Dataset records:
◇ ◇ ◇

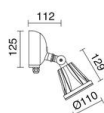

SENDAI 279A-G21X1A-03 Spotlights / Base Spotlight / Spike SENDAI IP65 GU10 50W 180° Grey

The Family Sendai projectors are made of aluminum and transparent glass with IP65, are suitable for installations on the floor or on the wall. They have the maximum inclination angle of 180 ° and its base measures 5cm. It is recommended to illuminate the passage areas, gardens, terraces, outdoor territories.

GENERAL DATA

Category	Spotlights
Family	Sendai
Finish	l03l Grey
Location	Outdoor
Installation	Floor, Wall
Body material	Aluminum
Diffuser material	Transparent glass
ETIM class	EC001744
EAN	8435256558111

LIGHT SOURCES AND BEAMS

Sources	GU10 PAR16 50W max.
Lamp included	No
Beam	Direct symmetric

TECHNICAL DATA

Dimensions	Width x Length (mm): 125 x 125
IP	IP65
Protection class	Class I
Frequency	50/60 Hz
Input voltage	110-240V AC V
Auxiliary gear	Without equipment, not needed
Weight	0.9 Kg
Cable outlets	1
Tilt angle	180.0 °
ECORAE category I	CAT-B
ECORAE I	0.5
Flammable surfaces	Yes

◇ ◇ ◇

> [Exercise instructions]
Read through the entries and copy every line that includes "material".

> [Response to the exercise]
Body material	Aluminum
Diffuser material	Transparent glass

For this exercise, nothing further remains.